Only note: Most car drivers are rated at 4 ohms. Make sure that whatever you use at home to drive them is also rated to drive a 4 ohm load.


----------



## zoomer (Aug 2, 2009)

yes you can. I would suggest using the better of the pair of coaxials. Without having T/S parameters I suggest staying away from any ported box but rather put them in a sealed box. say 1/2 to 1 cubic foot. As for the subs. well. thru this most car subs wont work well at home because they make use of low freequency car gain and will cutof at about 40-50 Hz in your home. To make them go lower you will need TS parameters and and a sub design box, plus an external amp etc.. I suggest you find a used sub on ebay or craigslist.. or go to your local electronics discount shop or website. and pick something up for a couple of hundred or less.


----------



## jimbno1 (Apr 14, 2008)

Or do a 3-way with the alumapro 10 as a bass driver. Sell the third.


----------



## zoomer (Aug 2, 2009)

jimbno1 said:


> Or do a 3-way with the alumapro 10 as a bass driver. Sell the third.

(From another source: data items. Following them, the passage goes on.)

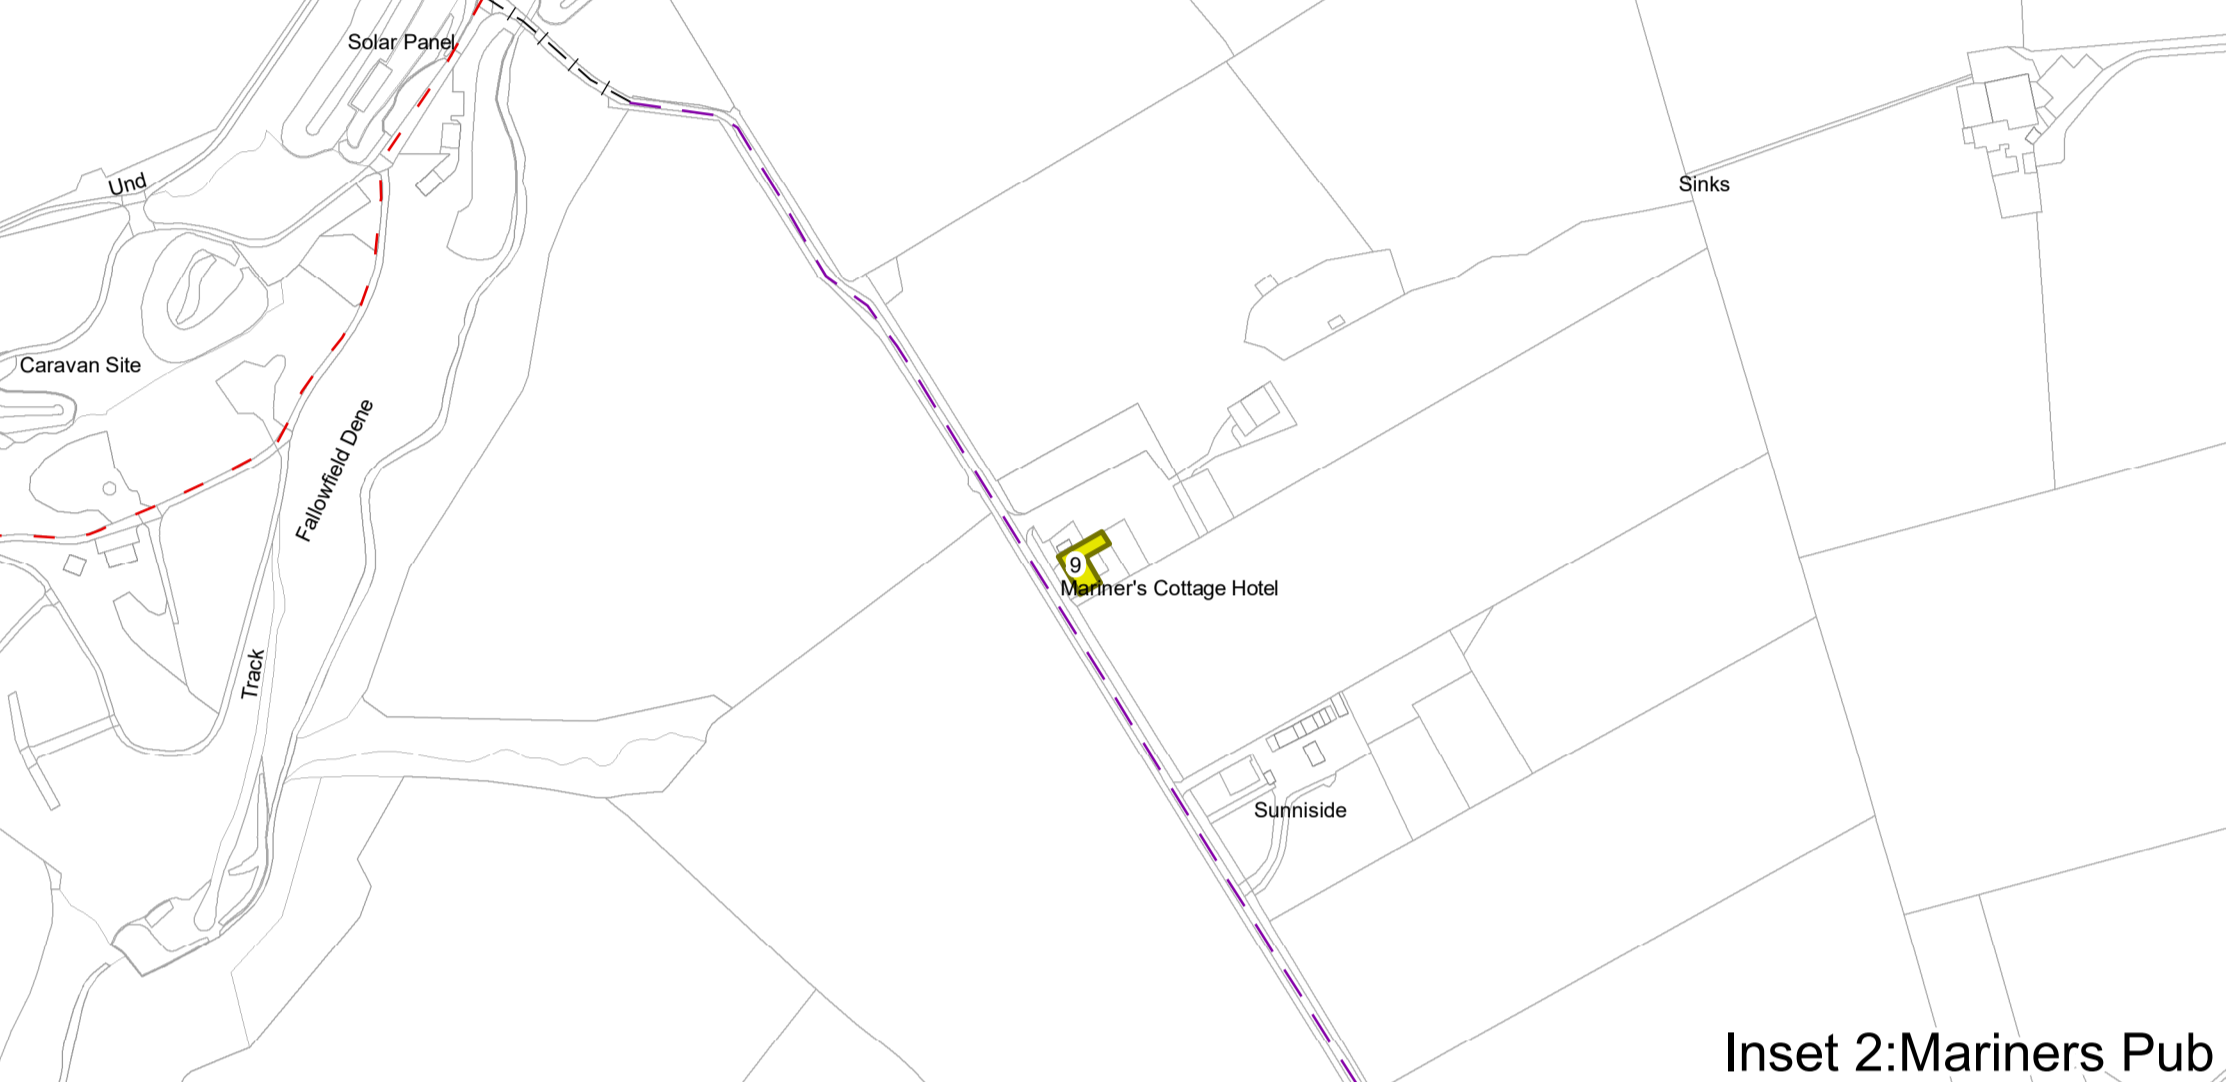

# Acomb Made Plan Policies Map

February 2019  
 Plan Area: 1:7,000  
 Inset 1: 1:3,500  
 Inset 2: 1:3,000  
 Inset 3: 1:1,250

- Acomb Neighbourhood Area
- Conservation Area
- Inset Boundary
- Policy 1: Local Green Space
- G1 - Tennis Courts and Play Area
- G2 - The Gaps
- G3 - Millersfield Play Area
- G4 - Pit Heaps and Woodland Walk
- G5 - School Common
- Policy 7: Employment Area
- Policy 2: Acomb Playing Fields
- Policy 3: Community Facilities
- 1 - Acomb First School
- 2 - Acomb Hair Salon
- 3 - Acomb Methodist Chapel and Hall
- 4 - Acomb Pavilion
- 5 - Acomb Village Hall
- 6 - Acomb Village Shop and Post Office
- 7 - Acomb Fish and Chip Shop
- 8 - Little Oaks Nursery
- 9 - Public Houses in Acomb
- 10 - St. John Lee Church and Hall
- Green Belt
- Bridleway
- Byway Open to All Traffic
- Footpath

Inset 1: Village Inset

in order to do that you have to have similar sensitivity ratings between the coaxials and the sub.. and make your own crossover network. You will either need a 3 way crossover and bypass the one in the coaxials or a 2 way crossover.. but either with a woofer to mid crossover in the 100 hz range.. Few if any commerical crossovers have it that low. 3 ways will crossover at 500-1000hz while most 2 ways in the 1500-5000hz range.. 
You could simply try to use a single high pass crossover capacitor to cut the lows from the coaxials and use the subs full range. But they wont do a good job of reproducing the important vocal frequencies. 

Have fun..


----------



## skydeaner (Mar 25, 2006)

zoomer said:


> in order to do that you have to have similar sensitivity ratings between the coaxials and the sub.. and make your own crossover network. You will either need a 3 way crossover and bypass the one in the coaxials or a 2 way crossover.. but either with a woofer to mid crossover in the 100 hz range.. Few if any commerical crossovers have it that low. 3 ways will crossover at 500-1000hz while most 2 ways in the 1500-5000hz range..
> You could simply try to use a single high pass crossover capacitor to cut the lows from the coaxials and use the subs full range. But they wont do a good job of reproducing the important vocal frequencies.
> 
> Have fun..


But.... making your own 2 way crossover that low would be very simple at 12db/octave. So i say go for it! those would be some sweet towers.


----------



## habagat (Dec 6, 2009)

A long time ago, I remember seeing mb quart home audio speakers, the drivers were deadringers of ref series car drivers, they sounded ok if memory serves me right.
for ht you could run the refs as your main speakers, and use the other pair as your center channel. You could go active using harrison xovers they should make make it easy because they are slightly adjustable. 
The three subs that you have would be perfect for the multiple sub approach espoused by Patrick


----------



## bmwproboi05 (May 3, 2009)

i did want a pic of mine?


----------



## kvndoom (Nov 13, 2009)

I've entertained making a center channel out of a pair of H-Audio Prolifics in series. Don't know if I ever will though.


----------



## coefamily (Sep 24, 2009)

Go for it! 
Just keep in mind that Most Car audio Subs these days are not very efficient. Most Plain Jane recievers pump less then 150 watts. 
Old school Alumapro were fairly efficient so you shouldnt have much concern there.


----------



## Ankit69 (Oct 13, 2009)

bmwproboi05 said:


> i did want a pic of mine?


i'd like to see a pic if its not too much trouble.


----------



## rezdawgaudio72 (Apr 9, 2010)

Hi,you most definitely can use car audio speakers for ht,your mbs would be killa,I built a wicked center Chan with Bose car speakers, try different setups on mock up baffles,tell you find something you like,and sounds good to you,iv used car subs for ht for years,for ten years I used two 15"GTI's running of a 90's Sony ES receiver,not even a plate amp just a stereo receiver,only replaced cuz one dust cap tore, now using two oldschool c12 solo's the key here is the efficacy of the oldschool subs,use larger then normal boxs aswell,


----------



## Volenti (Feb 17, 2010)

Many car audio speakers are actually idealy suited to some of the more exotic home audio cabnet designs like Open baffle and Transmission lines.


----------



## bmwproboi05 (May 3, 2009)

Ankit69 said:


> i'd like to see a pic if its not too much trouble.


will do when i get home


----------